[Start of Attachment]
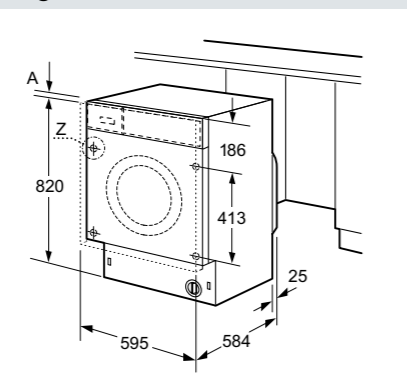

Integrert vask/tørk

Ventilatorer og induksjonstopp med integrert ventilator

For mer info om induksjonstopp med integrert ventilator, se side 43-45 og nettsiden.

Alle målskisser finnes på siemens-home.bsh-group.com/no

(Mål i mm)

inductionAir Plus.

inductionAir Plus gir størst mulig fleksibilitet i kjøkkenplanleggingen. Induksjonstoppene med integrerte ventilatorer er enkle å installere, tar ikke mye plass og fungerer både for resirkulasjon og fraluft. Innovativ design og funksjon på sitt beste.

ED807HQ26E planoDesign
EX800NX68E planoDesign
EX80BNX68E planoDesign

Se målskisser for utfresing.

Enkel installasjon i et standard 80 cm bredt skap, bare den øverste skuffen forsvinner.
[End of Attachment]
REQUIRED ACTION :: The full listing, reproduced exactly and without pictures, is the expected output.

RESPONSE BOX ::
Integrert vask/tørk

Ventilatorer og induksjonstopp med integrert ventilator

For mer info om induksjonstopp med integrert ventilator, se side 43-45 og nettsiden.

Alle målskisser finnes på siemens-home.bsh-group.com/no

(Mål i mm)

inductionAir Plus.

inductionAir Plus gir størst mulig fleksibilitet i kjøkkenplanleggingen. Induksjonstoppene med integrerte ventilatorer er enkle å installere, tar ikke mye plass og fungerer både for resirkulasjon og fraluft. Innovativ design og funksjon på sitt beste.

ED807HQ26E planoDesign
EX800NX68E planoDesign
EX80BNX68E planoDesign

Se målskisser for utfresing.

Enkel installasjon i et standard 80 cm bredt skap, bare den øverste skuffen forsvinner.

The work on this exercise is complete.